● **Input data**:
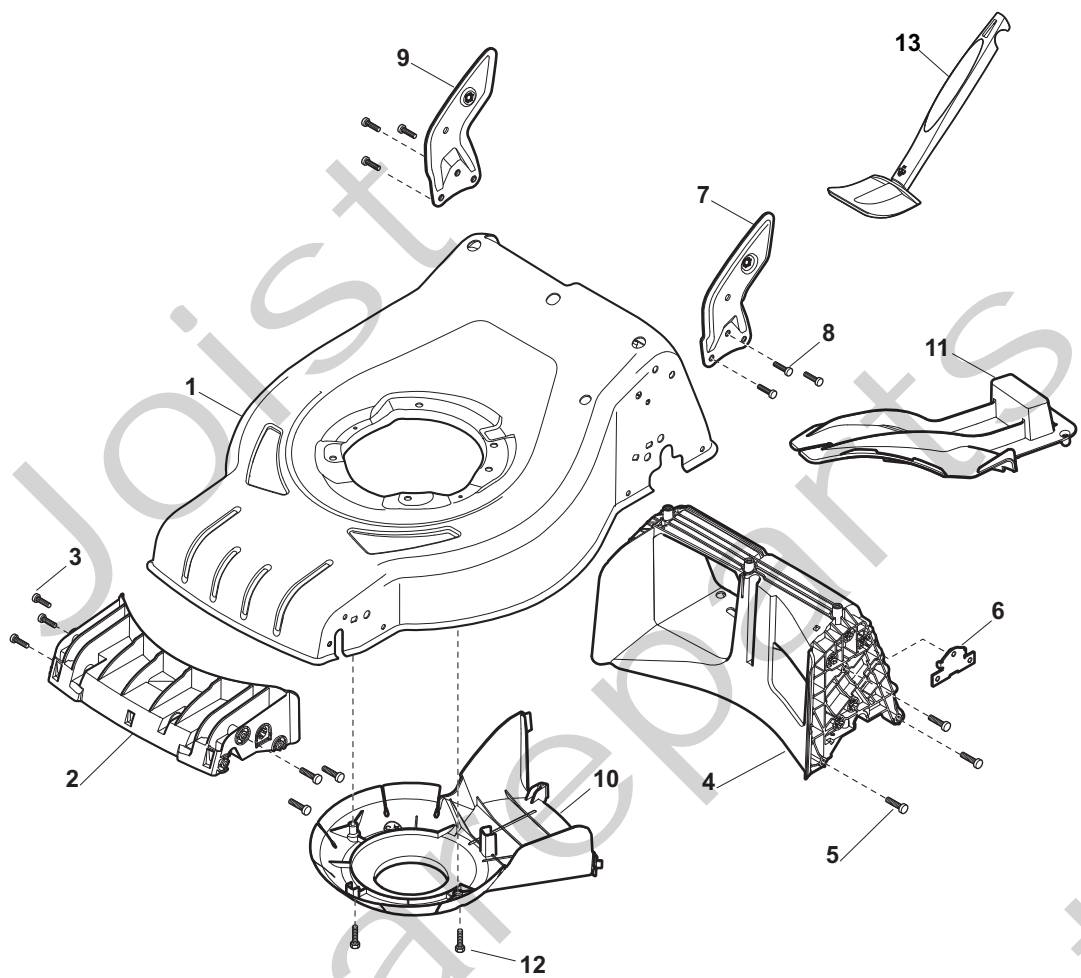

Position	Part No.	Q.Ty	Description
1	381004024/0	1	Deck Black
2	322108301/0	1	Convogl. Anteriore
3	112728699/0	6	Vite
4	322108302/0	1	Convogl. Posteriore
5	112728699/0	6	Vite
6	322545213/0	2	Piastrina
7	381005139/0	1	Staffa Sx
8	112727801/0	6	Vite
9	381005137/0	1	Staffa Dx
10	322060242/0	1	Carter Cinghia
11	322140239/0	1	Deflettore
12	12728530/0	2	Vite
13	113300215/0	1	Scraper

● **Try it**:
This exercise needs every entry retyped exactly, with the pictures removed.

● **Response area**:
Position	Part No.	Q.Ty	Description
1	381004024/0	1	Deck Black
2	322108301/0	1	Convogl. Anteriore
3	112728699/0	6	Vite
4	322108302/0	1	Convogl. Posteriore
5	112728699/0	6	Vite
6	322545213/0	2	Piastrina
7	381005139/0	1	Staffa Sx
8	112727801/0	6	Vite
9	381005137/0	1	Staffa Dx
10	322060242/0	1	Carter Cinghia
11	322140239/0	1	Deflettore
12	12728530/0	2	Vite
13	113300215/0	1	Scraper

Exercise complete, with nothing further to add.